Researchers now are testing obese people to see if they react the same way to fructose and glucose as the normal-weight people in this study did.


What to do? Cook more at home and limit processed foods containing fructose and high-fructose corn syrup, Purnell suggested. "Try to avoid the sugar-sweetened beverages. It doesn't mean you can't ever have them," but control their size and how often they are consumed, he said.


A second study in the journal suggests that only severe obesity carries a high death risk — and that a few extra pounds might even provide a survival advantage. However, independent experts say the methods are too flawed to make those claims.
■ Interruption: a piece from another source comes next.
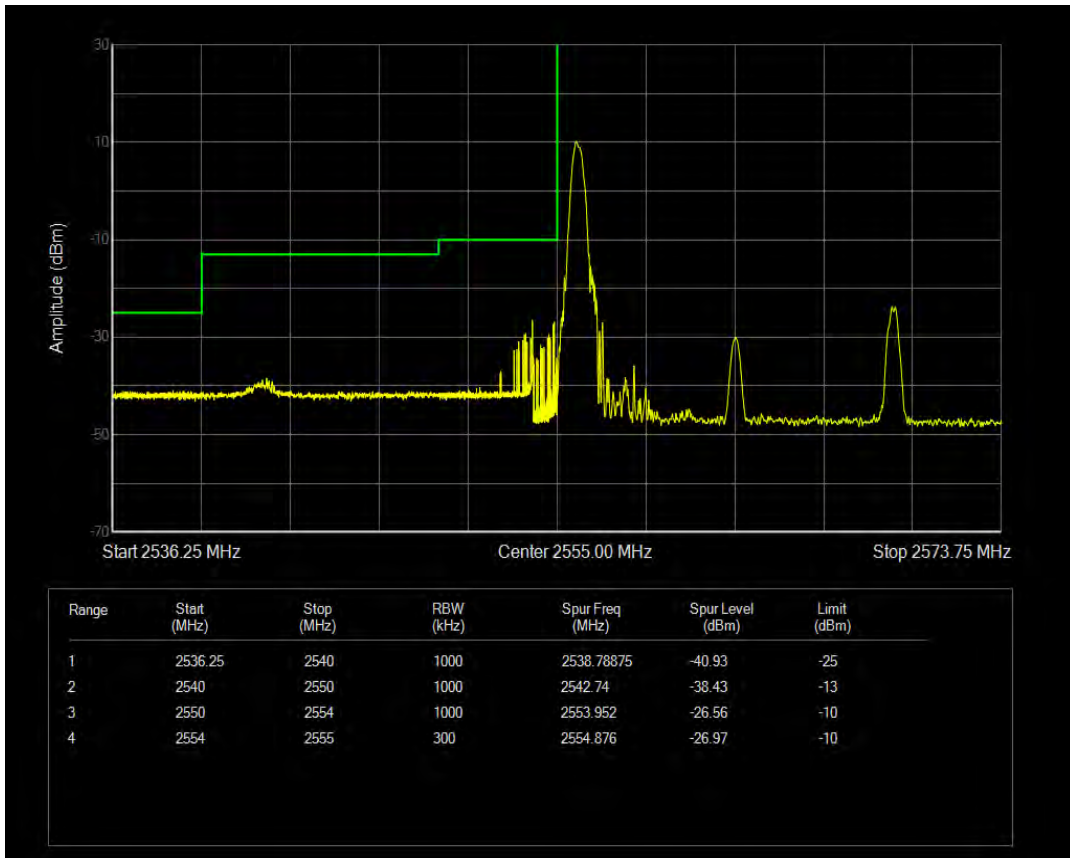

Band41(2555-2655) 16QAM BW=15MHz Channel=40315 RB Size=1 Position=#0

The study comes from a federal researcher who drew controversy in 2005 with a report that found thin and normal-weight people had a slightly higher risk of death than those who were overweight. Many experts criticized that work, saying the researcher — Katherine Flegal of the Centers for Disease Control and Prevention — painted a misleading picture by including smokers and people with health problems ranging from cancer to heart disease. Those people tend to weigh less and therefore make pudgy people look healthy by comparison.


Flegal's new analysis bolsters her original one, by assessing nearly 100 other studies covering almost 2.9 million people around the world. She again concludes that very obese people had the highest risk of death but that overweight people had a 6 percent lower mortality rate than thinner people. She also concludes that mildly obese people had a death risk similar to that of normal-weight people.


Critics again have focused on her methods. This time, she included people too thin to fit what some consider to be normal weight, which could have taken in people emaciated by cancer or other diseases, as well as smokers with elevated risks of heart disease and cancer.


"Some portion of those thin people are actually sick, and sick people tend to die sooner," said Donald Berry, a biostatistician at the University of Texas MD Anderson Cancer Center in Houston.


The problems created by the study's inclusion of smokers and people with pre-existing illness "cannot be ignored," said Susan Gapstur, vice president of epidemiology for the American Cancer Society.


A third critic, Dr. Walter Willett of the Harvard School of Public Health, was blunter: "This is an even greater pile of rubbish" than the 2005 study, he said. Willett and others have done research since the 2005 study that found higher death risks from being overweight or obese.


Flegal defended her work. She noted that she used standard categories for weight classes. She said statistical adjustments were made for smokers, who were included to give a more real-world sample. She also said study participants were not in hospitals or hospices, making it unlikely that large numbers of sick people skewed the results.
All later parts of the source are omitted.